Metabolite Structure Assignment Using <i>in silico</i> NMR and Collision Cross Section (CCS) Techniques

A major challenge for Metablomic analyses is obtaining a comprehensive and unambiguous identification of detected metabolites. Among metabolomics techniques, NMR spectroscopy is a sophisticated, powerful and generally applicable spectroscopic tool that can be used to deduce the correct structure of newly isolated biogenic molecules. However, accurate structure prediction using NMR techniques depends on how much conformational space of a particular compound is considered. It is intrinsically challenging to calculate NMR chemical shifts using high level DFT when the conformational space of a metabolite is extensive. In this work, we developed NMR chemical shift calculation protocols using a machine learning model in conjunction with the standard DFT methods. The pipeline encompasses the following steps: (1) conformation generation using a force field (FF) based method, (2) filtering the FF generated conformations using the ASE-ANI machine learning model, (3) clustering of the optimized conformations based on structural similarity to identify chemically unique conformations, (4) DFT structural optimization of the unique conformations and (5) DFT NMR chemical shift calculation.
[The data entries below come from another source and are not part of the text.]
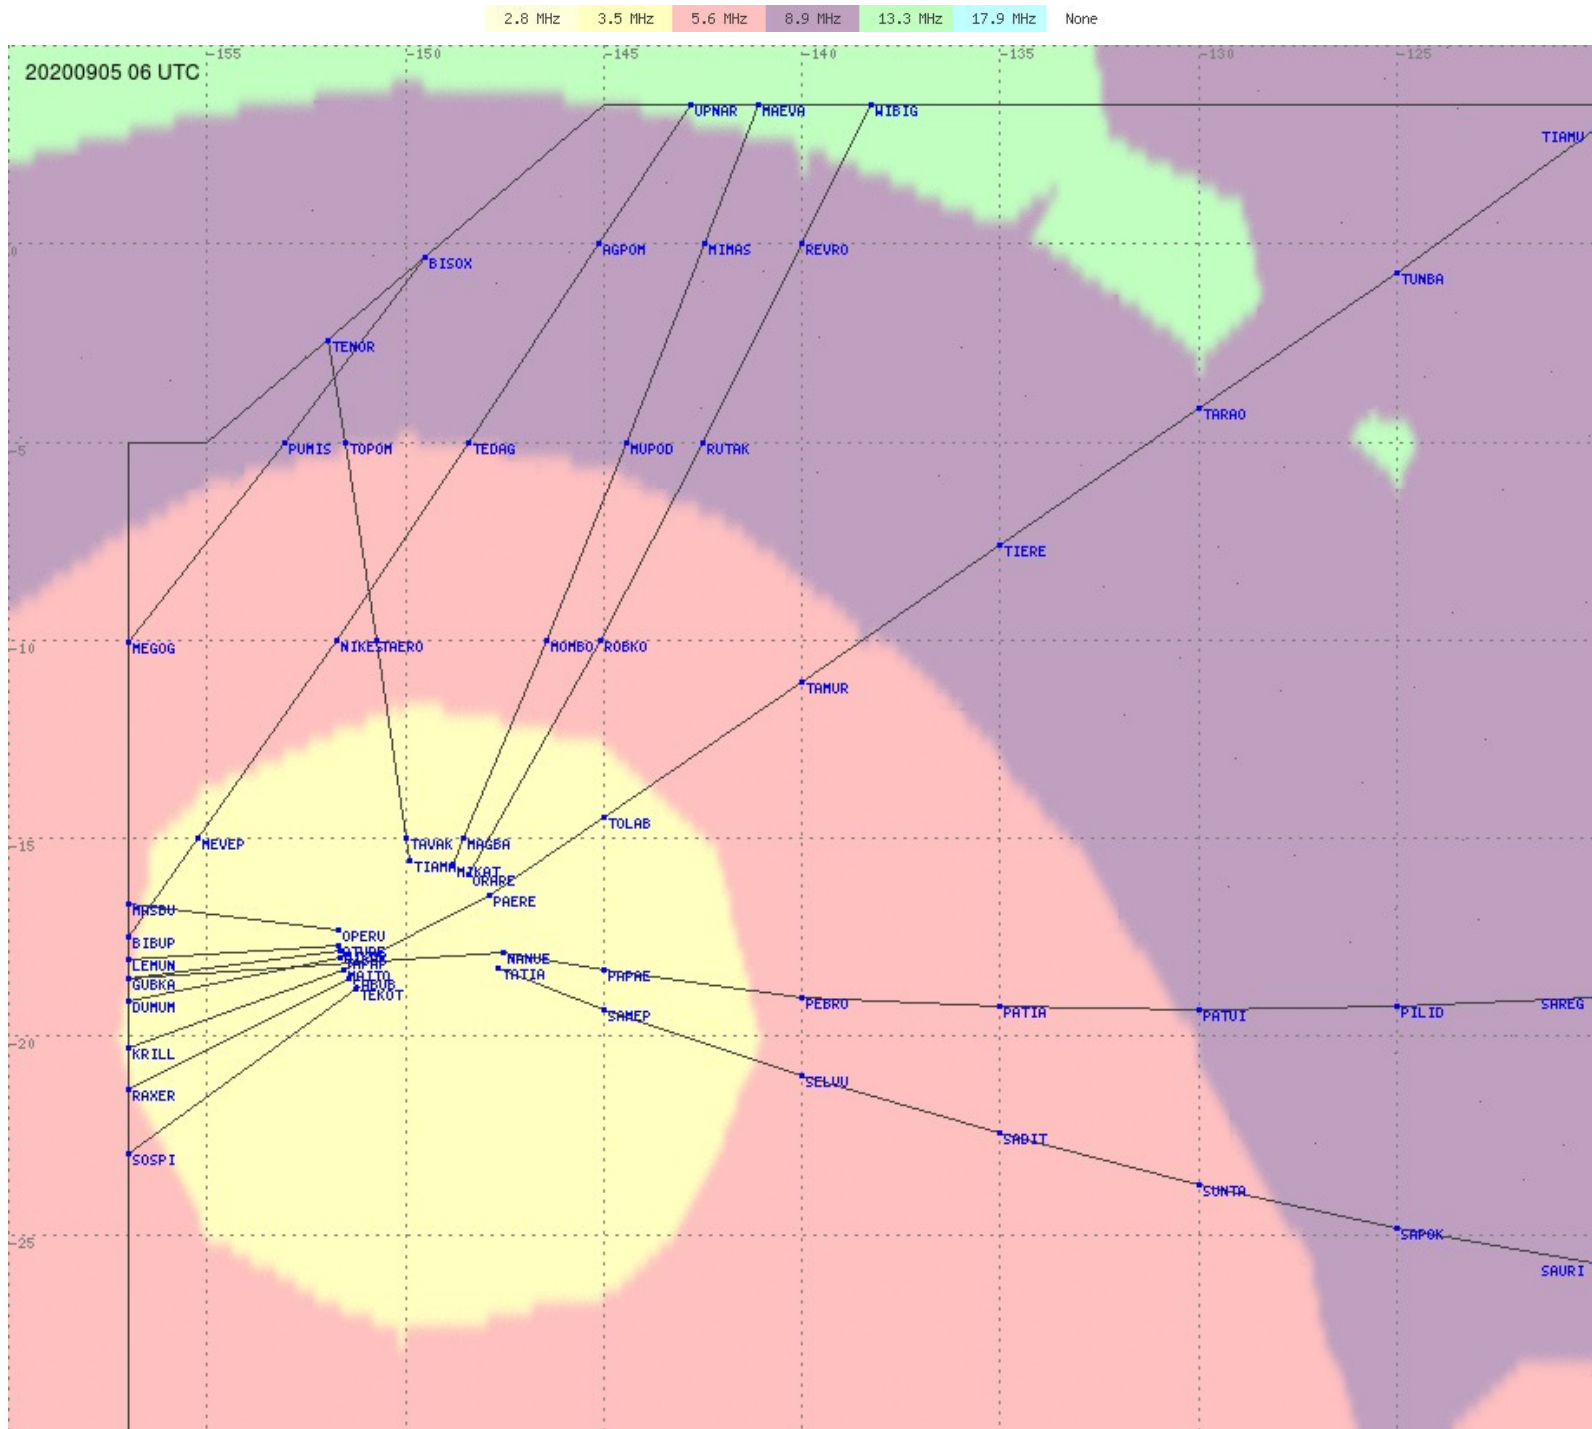

Tahiti FIR - HF Propag - 20200905

2.8 MHz 3.5 MHz 5.6 MHz 8.9 MHz 13.3 MHz 17.9 MHz None

Tahiti FIR - HF Propag - 20200905

2.8 MHz 3.5 MHz 5.6 MHz 8.9 MHz 13.3 MHz 17.9 MHz None

Tahiti FIR - HF Propag - 20200905

Tahiti FIR - HF Propag - 20200905

Tahiti FIR - HF Propag - 20200905

2.8 MHz 3.5 MHz 5.6 MHz 8.9 MHz 13.3 MHz 17.9 MHz None

Tahiti FIR - HF Propag - 20200905

2.8 MHz
3.5 MHz
5.6 MHz
8.9 MHz
13.3 MHz
17.9 MHz
None

Tahiti FIR - HF Propag - 20200905

Tahiti FIR - HF Propag - 20200905

Tahiti FIR - HF Propag - 20200905

Tahiti FIR - HF Propag - 20200905

Tahiti FIR - HF Propag - 20200905

Tahiti FIR - HF Propag - 20200905

Tahiti FIR - HF Propag - 20200905
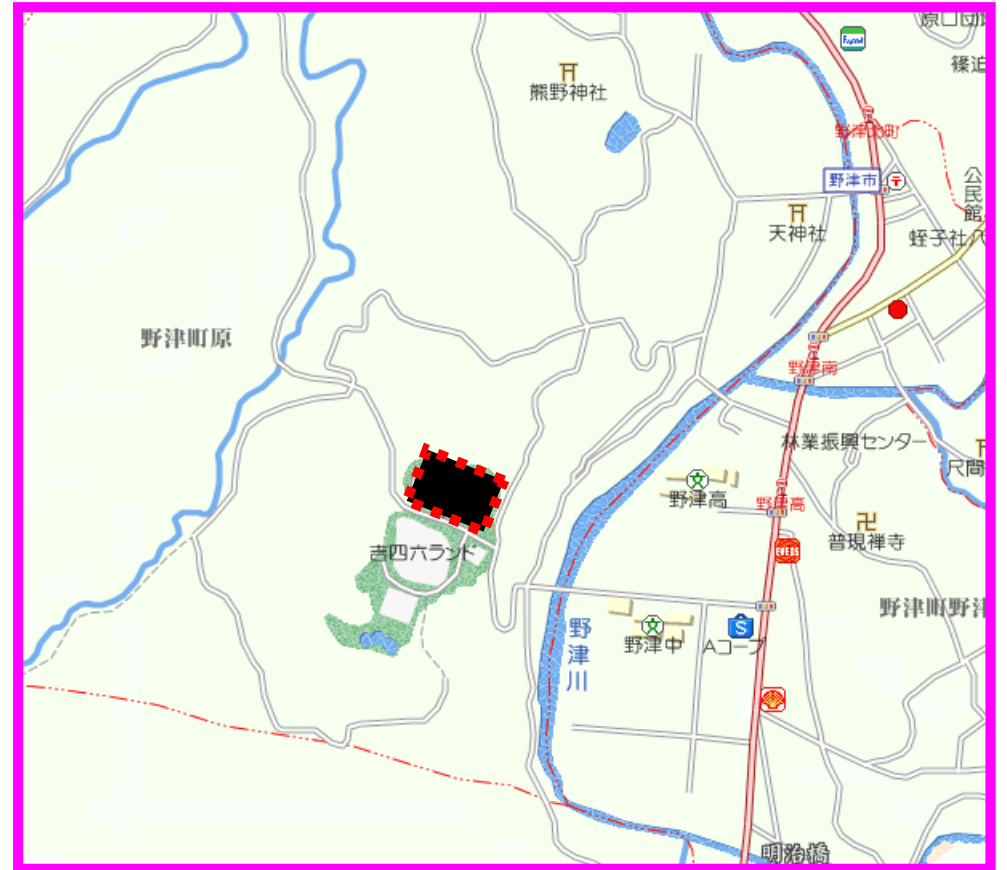

日田市 萩尾公園G

中津市 三光G

国見町 海浜公園G

杵築市 山香庁舎前G

臼杵市 吉四六ランド

佐伯市 総合運動公園G
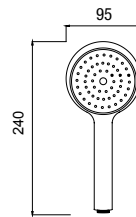

● CALYPSO MONO

Doccia monogetto **ANTICALCARE**
ANTISCALE single jet shower

00160CR Ø 71 mm

ABS

● YO-YO

Doccia monogetto **ANTICALCARE**
ANTISCALE single jet shower

00035CR Ø 95 mm

22,30 €
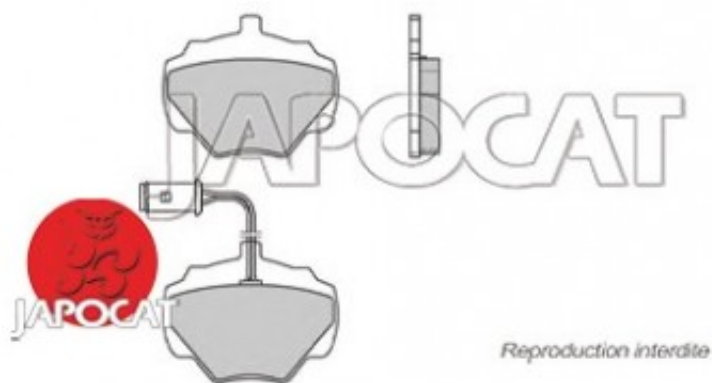

Fiche produit détaillée

Article : PLAQUETTES de FREIN Arrière [Equipementier Origine]

Aucune
image
disponible

Summary L: 88mm - Hauteur 72mm - Ep: 15mm - Avec témoin
De 06/1989 à 06/1994

Pricelist

Features

Description
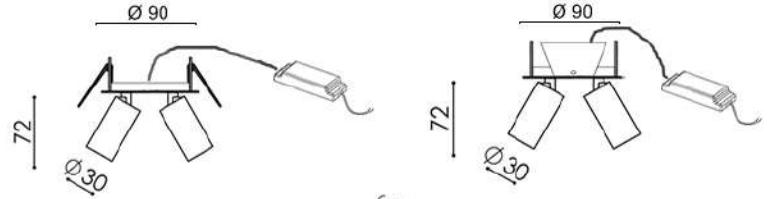

Inbo 34 - twin - white - 230Vac

Materiaal / Materiel / Material

Wit gelakt alu (structuurlak) / Alu laqué en blanc (peinture texturée) / White painted alu (texture paint)

Bladveren / Ressorts / Leaf springs
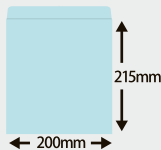

YG-200

インデックス・スケジュール

- サイズ……………B6判(155×180mm)
- 用紙……………マットコート46判135kg
- 梱包数(重量)……………100冊(10kg)
- 名入印刷寸法……………15×140mm以内
- 名入方法……………スタンドに挿押し

郵便ポストに投函できます

卓上用ギフトケース対応

専用紙袋付き
(水色)

使いやすさを重視 —— 便利なインデックス機能付き

● 検索に便利なインデックス付き
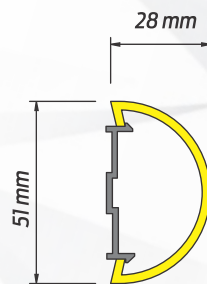

#### Color del Terminal y Codo:

- Gris 639

**Largo:** 4m
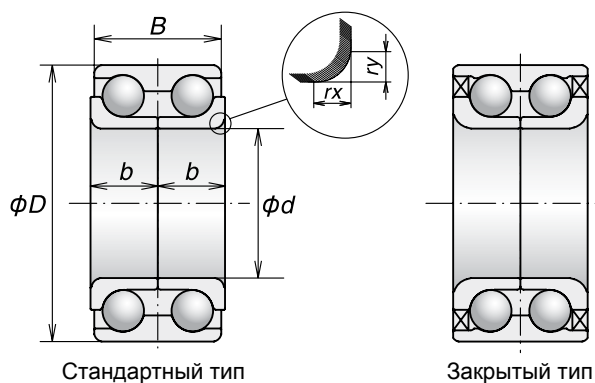

Подшипники BWD

для ведущих и неведущих колес

Тип подшипника	Номер NSK	Оригинальный номер 1	Оригинальный номер 2	Производитель	Тип/модель
BWD	ZA-/HO/35BWD07CA6-01	40210-34B00	40210-21B00	NISSAN	Figaro (FK10, MA10T), March (K10, MA09RT, 8901-ALL), Pao (PK10, MA10S)
BWD	ZA-/HO/35BWD16-JB-01	40210-41B00	—	NISSAN	MARCH (K11), Cube (Z10)
BWD	ZA-/HO/36BWD03CA1-01	43210-87N00	43210-87N10	NISSAN	Prairie (M11, 4WD+SR20DE), California/Wingroad (CY10, 4WD+ABS), Avenir (W10, 4WD 9301-), AD (Y10, 4WD+ABS)
BWD	ZA-/HO/38BWD15A-JB01	40210-50Y00	40210-50Y05	NISSAN	Sunny/Lucino (B14)
BWD	ZA-/HO/38BWD15A-JB01	40210-50Y00	40210-50Y05	NISSAN	Sunny/Lucino (B14, 4WD)
BWD	ZA-/HO/38BWD23A-JB01	40210-AA000	—	NISSAN	SERENA (C24, 2WD)
BWD	ZA-/HO/40BWD15A-JB01	40210-4M400	40210-WD200	NISSAN	Sunny (B15), AD Van/Wingroad (Y11), Bluebird Sylphy (G10)
BWD	ZA-/HO/40BWD15A-JB01	40210-4M400	40210-WD200	NISSAN	Sunny (B15, 4WD), March (K11, 4WD), Cube (Z10, 4WD), Bluebird Sylphy (G10, 4WD)
BWD	ZA-/HO/42BWD06-JB-01 ZA-42BWD06A-JB-5CA01	40210-30R01	40210-30R06	NISSAN	Avenir/Expert (W11), Bluebird (U14, 2WD), Prairie (Liberty) (M12), Rnessa (N30)
BWD	ZA-/HO/42BWD06-JB-01 ZA-42BWD06A-JB-5CA01	40210-30R01	40210-30R06	NISSAN	AD Van/Wingroad (Y11, 4WD), Bluebird (U14, 4WD), Expert/Avenir (W11, 4WD), Prairie (Liberty) (M12, 4WD)
BWD	ZA-/HO/43BWD12A-JB01	40210-2Y000	—	NISSAN	X-Trail (T30), Primera (P12), Cefiro (CA33), Tino (V10)
BWD	ZA-/HO/43BWD13A-JB01	43210-AG000	—	NISSAN	Cedric/Gloria (Y34), Primera (P12, 4WD), X-Trail (T30, 4WD)
BWD	ZA-25BWD01E-JB-5CA01	46860-76G13	46860-76G00	SUZUKI	ALTO (HA12S/22S/23S/25S/35S), ALTO VAN (HA12V/23V), CERVO (HG21S), KEI (HN11S/12S/21S/22S), LAPIN (HE21S/22S), MR WAGON (MF21S/22S), PALETTE (MK21S), WAGON R (MC11S/12S/21S/22S, MH21S/22S/23S)
BWD	ZA-28BWD01ACA60**	90369-28005	—	TOYOTA	COROLLA (год выпуска модели неизвестен)
BWD	ZA-28BWD03ACA51**	09267-28002	—	SUZUKI	CARRY (год выпуска модели неизвестен)
BWD	ZA-28BWD05ACA30**	46860-63J00	—	SUZUKI	SWIFT (ZC11S/21S/71S, ZD11S/21S, 1.2L & 1.3L & 1.5L Двигатель)
BWD	ZA-28BWD05BCA30**S01	46860-63J01	—	SUZUKI	SWIFT (ZC11S/21S/71S, ZD11S/21S, 1.2L & 1.3L & 1.5L Двигатель)
BWD	ZA-30BWD01A-A-CA8-01	90369-30043	90369-30044	TOYOTA	CARINA FF (AT15#, 160, 170, 171, CT150, CT170, ST150, 162, 170), CELICA (AT160, ST160, 162, 163, ST182, 183 => CV, GTR, SR, ZR), CORONA FF COUPE (AT160, ST16#), CORONA EXIV (ST18#), CARINA ED (ST16#, 18#), CORONA (AT150, 170, CT150, 170, ST150, 16#, 17#), CAMRY/VISTA (CV10, 1#, SV1#), CAMRY/VISTA (CV20, SV20, 21, 22, 2#, VZV20), CAMRY/VISTA (CV30, SV30, 32, 33, VZV31, 33, 3#)
BWD	ZA-30BWD01A-A-CA8-01	90369-30043	90369-30044	TOYOTA	MR2 (SW20)
BWD	ZA-32BWD05CA105**	90363-32034	—	TOYOTA	FR (название машины неизвестно)
BWD	ZA-32BWD05CA75**	90369-32003	—	TOYOTA	MARK 2/CHASER/CRESTA (GX81, LX80, MX83, SX80, YX80, JZX81), CROWN COMFORT/SEDAN (TSS1#, GBS12, GXS10, 12, LXS11, SXS11, 13, YXS10, 1#)

This protocol can calculate the NMR chemical shifts of a set of molecules using any available combination of DFT theory, solvent model, and NMR-active nuclei, using both user-selected reference compounds and/or linear regression methods. Our protocol reduces the overall computational time yet matches experimental structural observations. The complete protocol is designed in such a manner that makes the computation of chemical shifts tractable for large number of conformationally flexible metabolites. Time permotting we will discuss recent work computing collisional cross section (CCS) values obtained from ion mobility coupled to mass spectrometry (IM - MS) studies using a related in silico protocol.